A candlestick consists of four main components: i) the open, ii) the close, iii) the high, and iv) the low. Each component represents a specific price level during the given time period. The body of the candlestick is formed by the open and close prices while the high and low prices are represented by thin lines called wicks or shadows.

There are several types of candlestick patterns each with its own characteristics and implications for market behavior. There are some commonly encountered candlestick patterns:-

  1. Doji: A doji candlestick has a small body, indicating that the open and close prices are very close or virtually the same. It suggests indecision in the market and potential trend reversals.

  2. Hammer: A hammer candlestick has a small body near the top of the trading range and a long lower wick. It typically appears after a downtrend and signifies a potential reversal to an uptrend.

  3. Shooting Star: A shooting star candlestick has a small body near the bottom of the trading range and a long upper wick. It often occurs after an uptrend and suggests a possible trend reversal to a downtrend.

  4. Engulfing: An engulfing candlestick pattern consists of two candles where the body of the second candle completely engulfs the body of the previous candle. A bullish engulfing pattern occurs at the bottom of a down-trend and implies a potential reversal to an up-trend while a bearish engulfing pattern appears at the top of an uptrend and indicates a possible reversal to a down-trend.

  5. Morning Star: The morning star pattern is a three candle pattern that signals a potential reversal from a downtrend to an uptrend. It consists of a long bearish candle followed by a small-bodied candle (could be bullish or bearish) and finally, a long bullish candle that closes above the midpoint of the first candle.
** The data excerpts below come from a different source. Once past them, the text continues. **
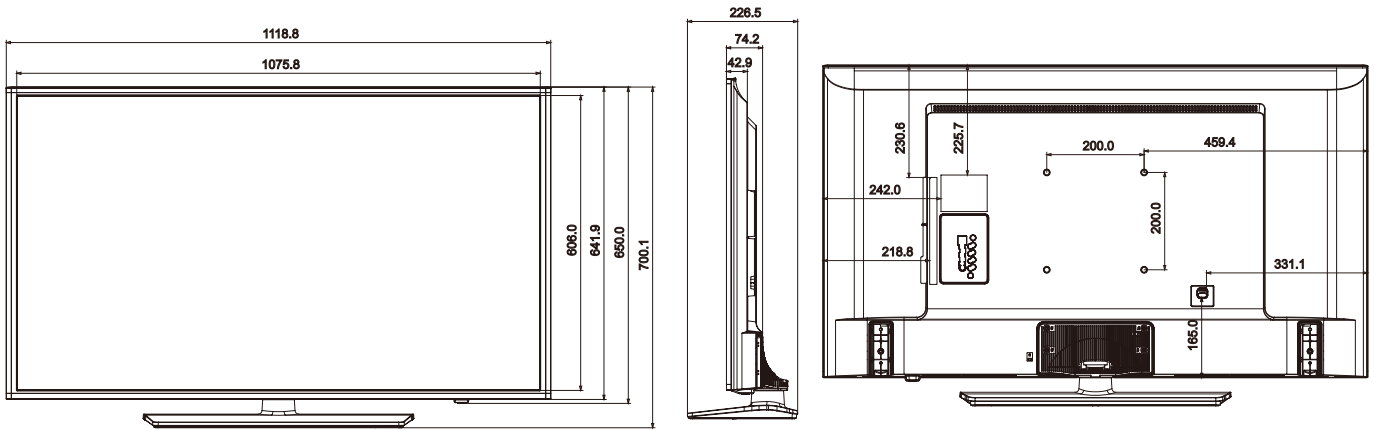

SPECIFICATIONS

HG49EE590HK

1. 1
2. 2
3. 3
4. 4
5. 5

HOSPITALITY TV

Manufactured under license from Dolby Laboratories. Dolby and the Double-D System are trademarks of Dolby Laboratories. For DTS patents, see <http://patents.dts.com>

LAN	AV IN	DIN	
6	10		
DIGITAL AUDIO OUT (OPTICAL)			
7			
DATA			
8			
RJP	9		
			HP-ID
			11

HDMI

CONNECTORS

1. HDMI IN2
2. USB (HDD1.0A/CLONING)
3. HDMI IN1
4. COMMON INTERFACE
5. ANT IN (ARC/CABLE)
6. LAN
7. DIGITAL AUDIO OUT(OPTICAL)
8. DATA
9. RJP
10. AV IN
11. HP-ID

About Samsung Electronics Co., Ltd.

Samsung Electronics Co., Ltd. inspires the world and shapes the future with transformative ideas and technologies. The company is redefining the worlds of TVs, smartphones, wearable devices, tablets, cameras, digital appliances, medical equipment, network systems, and semiconductor and LED solutions. For the latest news, please visit Samsung Newsroom at <http://news.samsung.com>

Hospitality Display

For more information about Samsung Hospitality Displays, visit www.samsung.com/business or www.samsung.com/displaysolutions

Copyright © 2017 Samsung Electronics Co. Ltd. All rights reserved. Samsung is a registered trademark of Samsung Electronics Co. Ltd. Specifications and designs are subject to change without notice. Non-metric weights and measurements are approximate. All data were deemed correct at time of creation. Samsung is not liable for errors or omissions. All brand, product, service names and logos are trademarks and/or registered trademarks of their respective owners and are hereby recognized and acknowledged.

Samsung Electronics Co., Ltd.
416, Maetan 3-dong, Yeongtong-gu, Suwon-si, Gyeonggi-do 443-772, Korea

2018-01
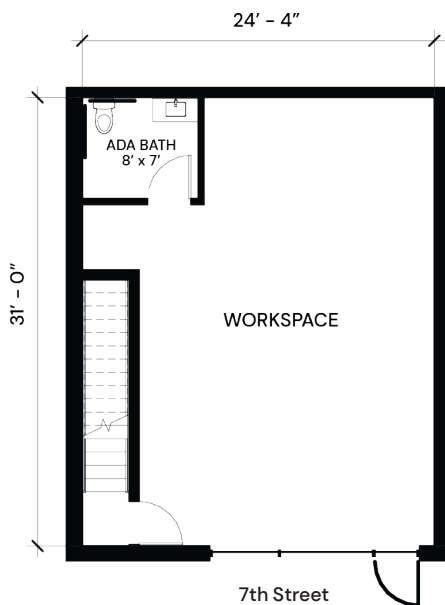

THE HIVE
RESIDENCES

TheHiveAllentown.com
@TheHiveAllentown #GOOD2BEEHOME

LIVE X WORK UNITS

Alpha 8H - Upper

1 BEDROOM
1 BATHROOM
802 SF

2ND FLOOR ONLY

Alpha 8H - Lower

WORKSPACE
1 BATHROOM
807 SF

1ST FLOOR ONLY

  6. Evening Star: The evening star pattern is the opposite of the morning star and suggests a potential reversal from an uptrend to a downtrend. It consists of a long bullish candle, followed by a small-bodied candle and then a long bearish candle that closes below the midpoint of the first candle.
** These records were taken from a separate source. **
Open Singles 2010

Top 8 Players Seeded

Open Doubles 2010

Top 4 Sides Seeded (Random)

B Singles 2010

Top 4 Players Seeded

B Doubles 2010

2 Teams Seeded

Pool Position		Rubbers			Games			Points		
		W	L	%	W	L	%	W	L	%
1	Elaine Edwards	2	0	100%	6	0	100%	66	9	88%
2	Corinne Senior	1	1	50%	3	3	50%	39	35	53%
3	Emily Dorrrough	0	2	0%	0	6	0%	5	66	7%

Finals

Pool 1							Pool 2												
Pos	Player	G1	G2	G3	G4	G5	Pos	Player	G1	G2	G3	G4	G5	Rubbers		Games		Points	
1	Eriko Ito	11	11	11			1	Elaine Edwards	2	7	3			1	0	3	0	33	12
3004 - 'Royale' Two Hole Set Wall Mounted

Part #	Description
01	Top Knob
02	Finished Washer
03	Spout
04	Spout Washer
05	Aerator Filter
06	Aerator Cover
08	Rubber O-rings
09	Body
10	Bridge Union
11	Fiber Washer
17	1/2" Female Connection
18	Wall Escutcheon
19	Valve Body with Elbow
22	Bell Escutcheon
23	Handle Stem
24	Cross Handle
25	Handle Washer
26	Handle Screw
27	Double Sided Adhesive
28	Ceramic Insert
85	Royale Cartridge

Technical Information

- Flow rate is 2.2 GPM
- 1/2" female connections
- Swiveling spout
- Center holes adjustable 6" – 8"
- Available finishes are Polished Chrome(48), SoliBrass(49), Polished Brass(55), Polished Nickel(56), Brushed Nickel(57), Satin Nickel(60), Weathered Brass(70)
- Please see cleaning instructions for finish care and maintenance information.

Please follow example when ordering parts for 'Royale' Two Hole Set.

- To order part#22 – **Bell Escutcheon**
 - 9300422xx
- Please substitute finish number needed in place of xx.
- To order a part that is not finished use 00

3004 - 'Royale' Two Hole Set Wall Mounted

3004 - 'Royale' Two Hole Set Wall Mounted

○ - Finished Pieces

  7. Harami: A candlestick with a small body that is completely engulfed by the body of the previous candlestick, which also indicates a potential trend reversal.

  8. Marubozu: A long candlestick with no wicks or shadows which indicates a strong trend.

These are just a few examples of candlestick patterns and there are many more variations and combinations that traders analyze to make informed decisions about market trends and potential price movements.

Therefore, Candlesticks are a type of charting technique used in financial analysis to represent price movements of an asset such as stocks, bonds, currencies and commodities. Candlesticks provide a visual representation of the price action over a certain period of time, typically a day, week, month or year.